- [DIRECTIONS]: Only lines with the word "jednolavička" belong in the answer; copy them from the records below.

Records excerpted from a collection
+ + + +
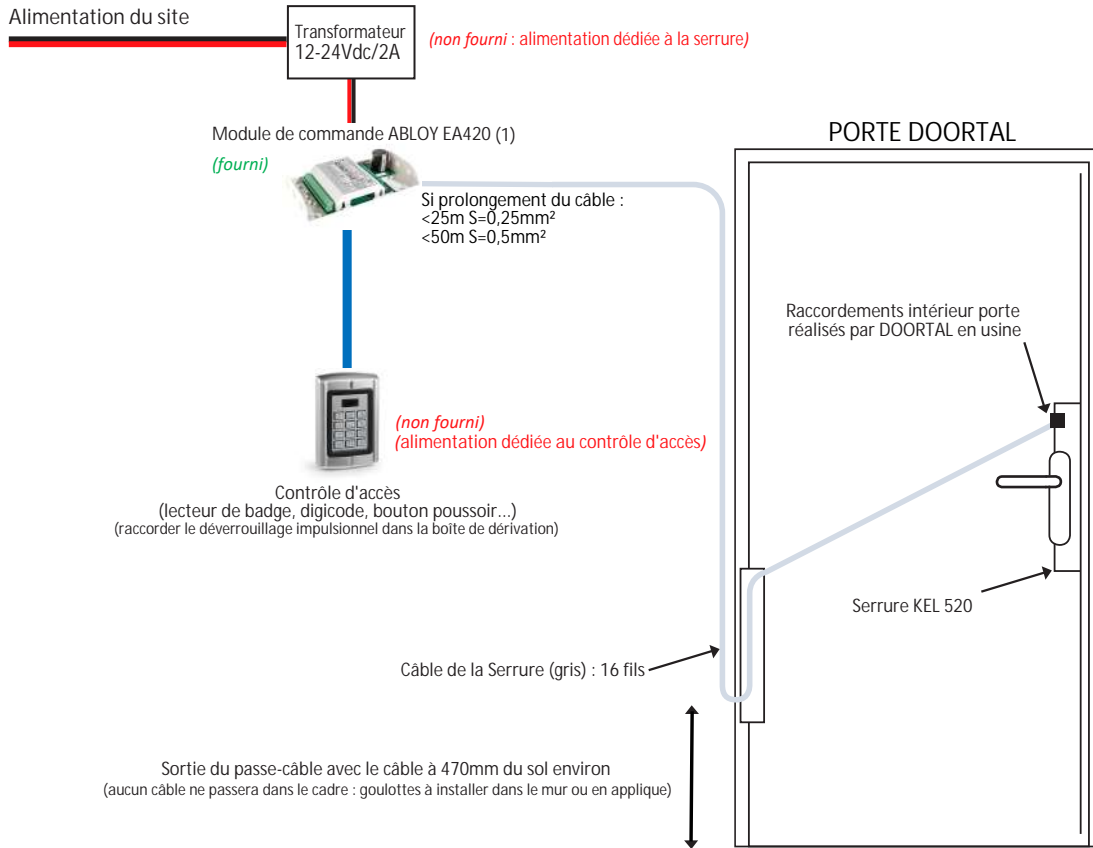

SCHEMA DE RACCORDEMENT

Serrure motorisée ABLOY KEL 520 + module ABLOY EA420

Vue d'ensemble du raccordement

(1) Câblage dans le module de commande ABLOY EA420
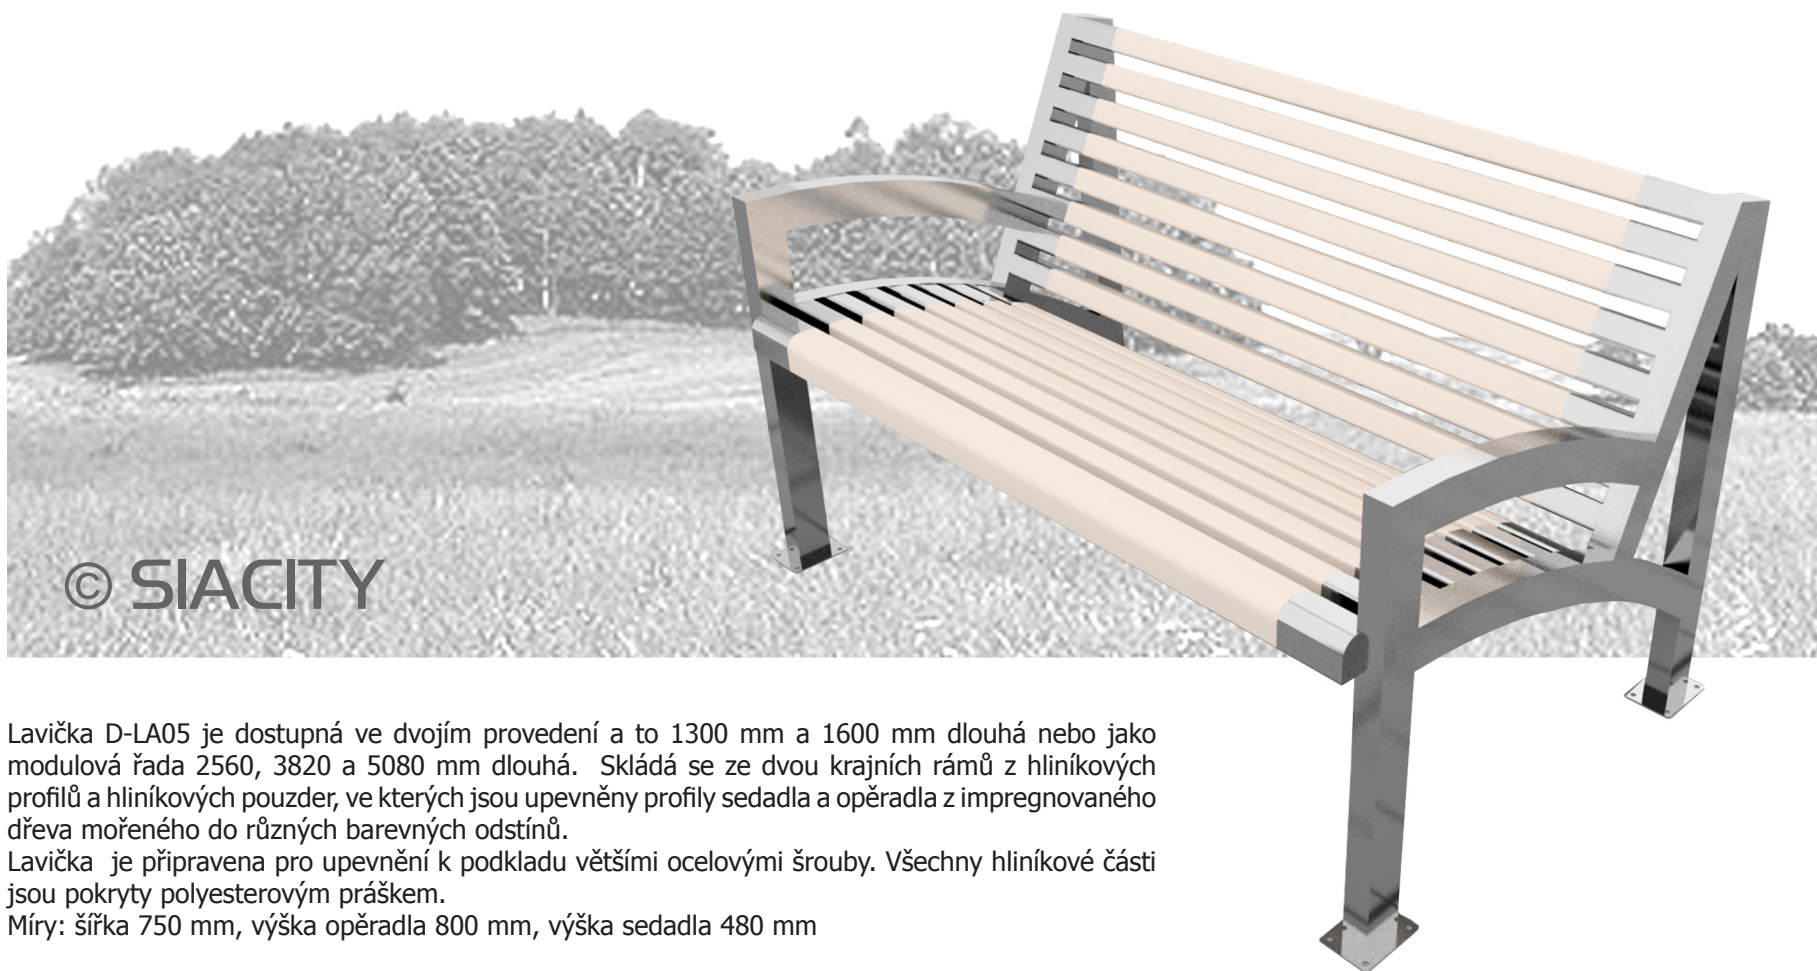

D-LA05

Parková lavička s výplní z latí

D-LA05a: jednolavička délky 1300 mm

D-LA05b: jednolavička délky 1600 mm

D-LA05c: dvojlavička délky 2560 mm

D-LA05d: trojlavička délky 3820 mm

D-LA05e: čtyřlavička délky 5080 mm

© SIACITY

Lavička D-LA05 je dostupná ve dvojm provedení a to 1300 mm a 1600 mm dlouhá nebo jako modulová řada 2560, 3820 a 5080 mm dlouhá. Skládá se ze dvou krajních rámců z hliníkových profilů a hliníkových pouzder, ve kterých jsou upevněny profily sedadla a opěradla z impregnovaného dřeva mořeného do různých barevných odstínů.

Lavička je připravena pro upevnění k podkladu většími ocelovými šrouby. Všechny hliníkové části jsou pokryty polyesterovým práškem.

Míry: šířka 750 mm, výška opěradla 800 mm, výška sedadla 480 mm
+ + + +
- [FINISHED TASK]:
D-LA05a: jednolavička délky 1300 mm
D-LA05b: jednolavička délky 1600 mm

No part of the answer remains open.